##### Listed entries

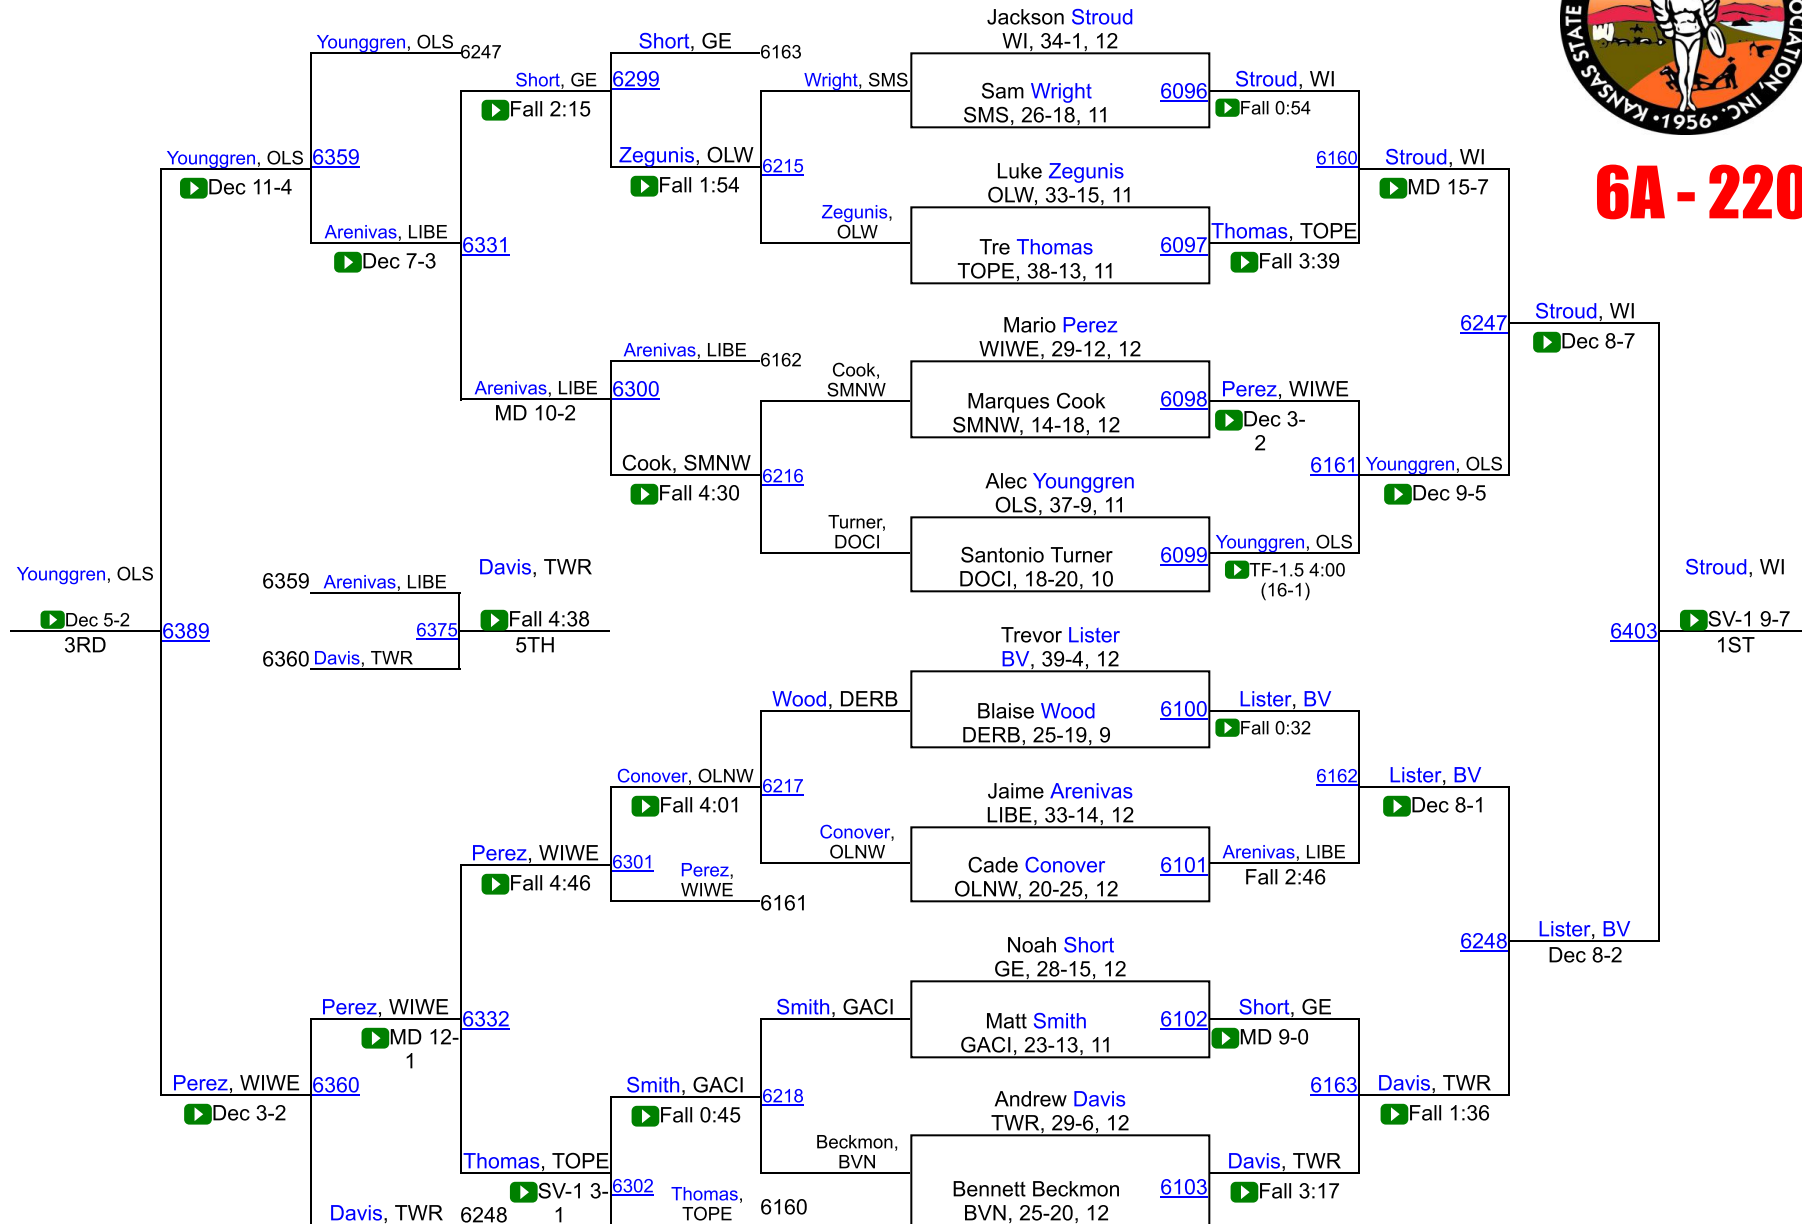

KSHSAA 6A/5A Championships

6A - 160

KSHSAA 6A/5A Championships

6A - 182

KSHSAA 6A/5A Championships

6A - 195

KSHSAA 6A/5A Championships

6A - 220
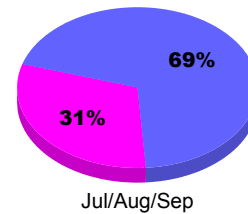

Month	Net Memb Goal	Actual New Memb	Actual Dropped Memb	Gain/Loss of Memb	Gain/Loss of Memb
Jul/Aug/Sep		65	-101	-36	-30
Totals		65	-101	-36	-30

Membership Results 2011-2012

Goal, New, Dropped, Gain/Loss

Legend: Goal (Cyan), Actual (Green), Dropped (Yellow), Gain Loss (Magenta)

Comparison of Membership Gain/Loss

Current Year Compared to the Previous Year

Legend: Current Year (Cyan), Previous Year (Green)

Gender Comparison 2011-2012

Jul/Aug/Sep

Legend: Male (Blue), Female (Magenta)
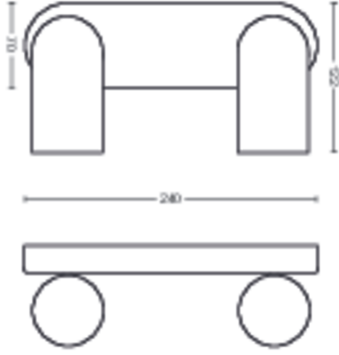

# PHILIPS

Pongee Tavan/Duvar  
Spot Lamba 2x

Tavan/Duvar Spot  
Lambaları

Ampul yok

Siyah

50582/30/PN
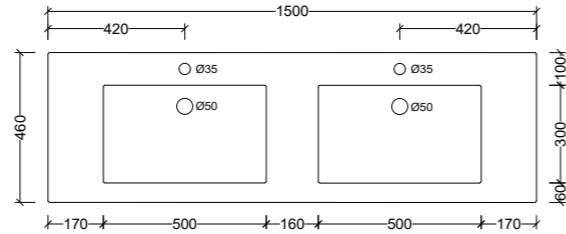

Monaco Double 1500mm

MON150D

Note: 1, 3, or 0 taphole available*
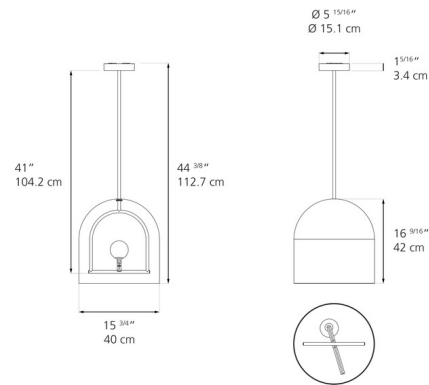

Shown in black / clear

CLICK TO VIEW PRODUCT

Notes:
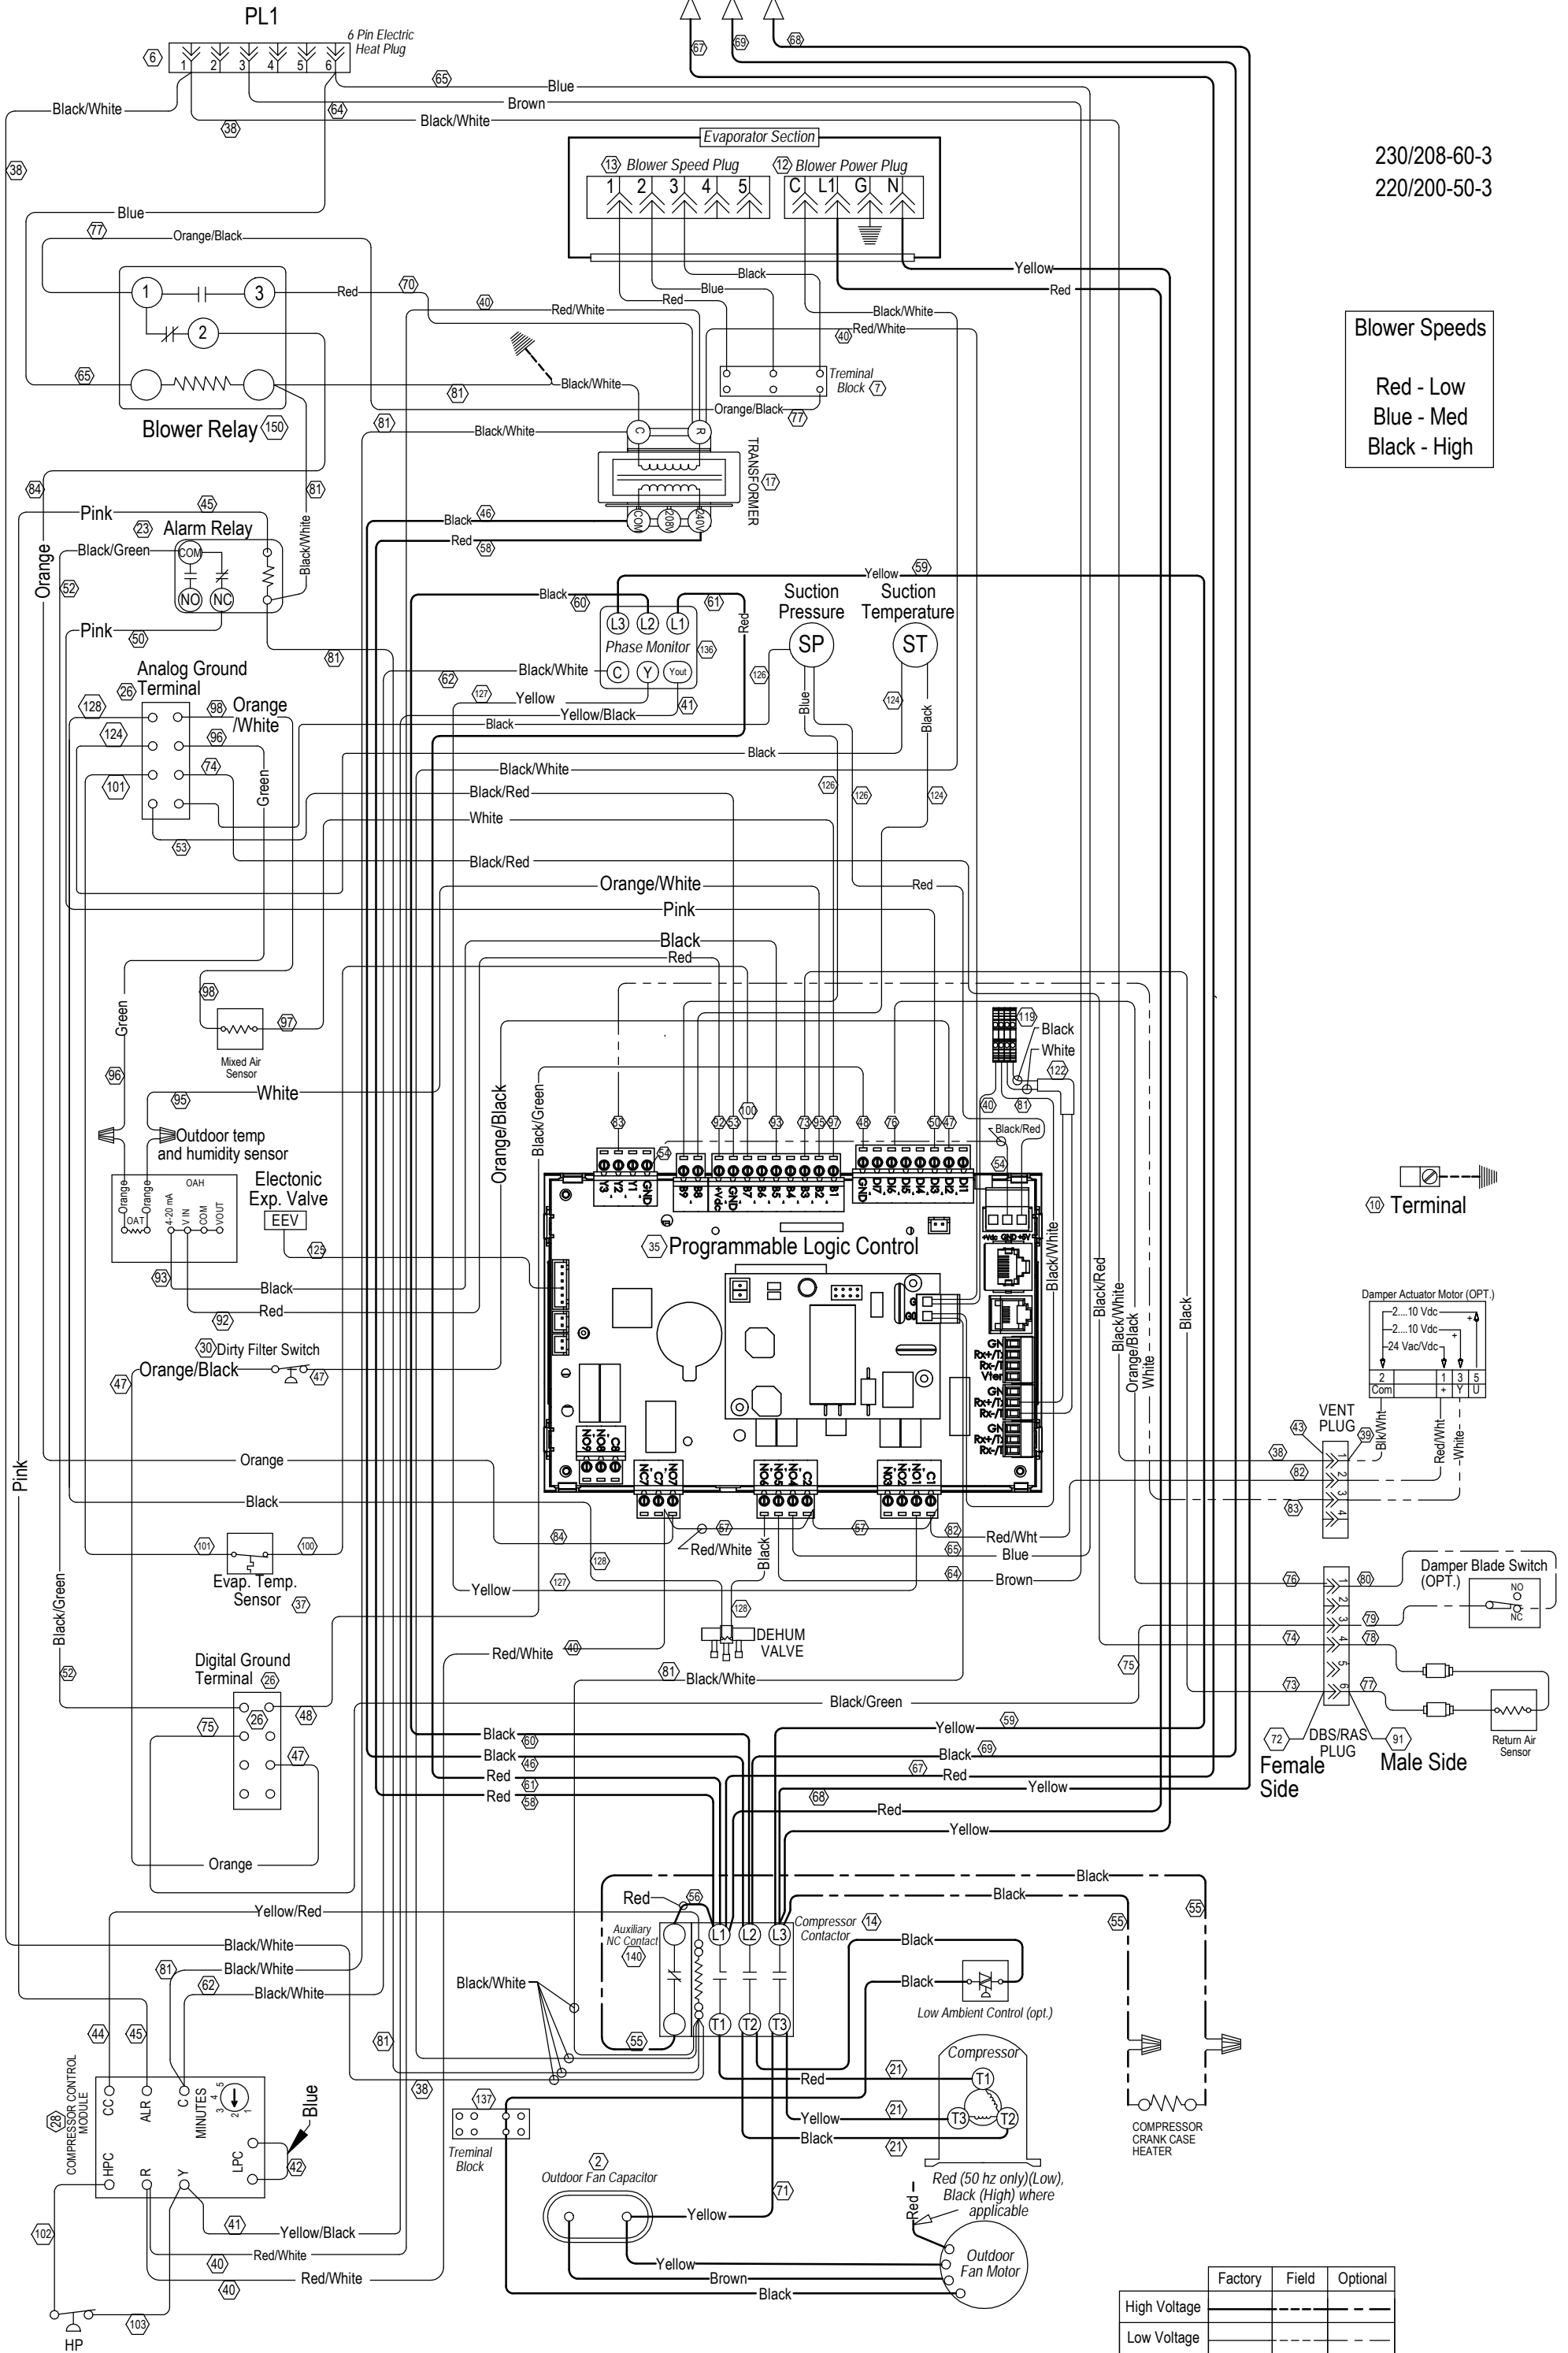

L1 L2 L3

PL1

230/208-60-3  
220/200-50-3

Blower Speeds  
Red - Low  
Blue - Med  
Black - High

	Factory	Field	Optional
High Voltage		---	---
Low Voltage		---	---
D-10VDC		---	---
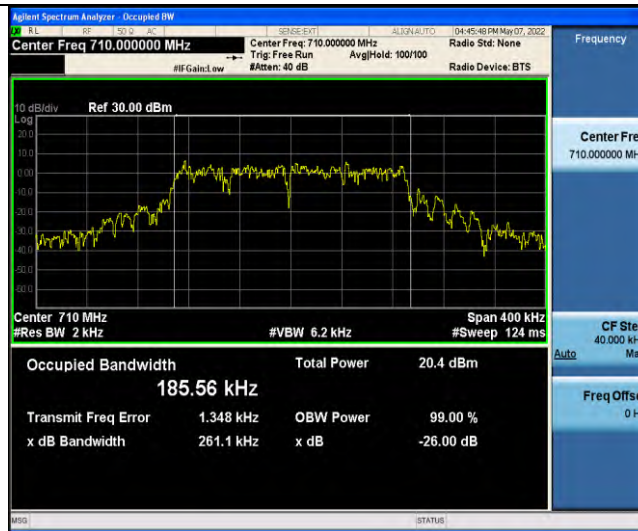

Band17-Stand-Alone-NaN-QPSK-23790-1@0-15kHz-0.1011-PASS

Band17-Stand-Alone-NaN-QPSK-23790-12@0-15kHz-0.2611-PASS

##########

* [Task prompt]: Exactly reproduce the lines beginning at the one that contains "Pongee Tavan/Duvar" and ending at the final line of the material, with the pictures left out.

* [Answer section]:
Pongee Tavan/Duvar  
Spot Lamba 2x

Tavan/Duvar Spot  
Lambaları

Ampul yok

Siyah

50582/30/PN

Monaco Double 1500mm

MON150D

Note: 1, 3, or 0 taphole available*

Shown in black / clear

CLICK TO VIEW PRODUCT

Notes:

L1 L2 L3

PL1

230/208-60-3  
220/200-50-3

Blower Speeds  
Red - Low  
Blue - Med  
Black - High

	Factory	Field	Optional
High Voltage		---	---
Low Voltage		---	---
D-10VDC		---	---

Band17-Stand-Alone-NaN-QPSK-23790-1@0-15kHz-0.1011-PASS

Band17-Stand-Alone-NaN-QPSK-23790-12@0-15kHz-0.2611-PASS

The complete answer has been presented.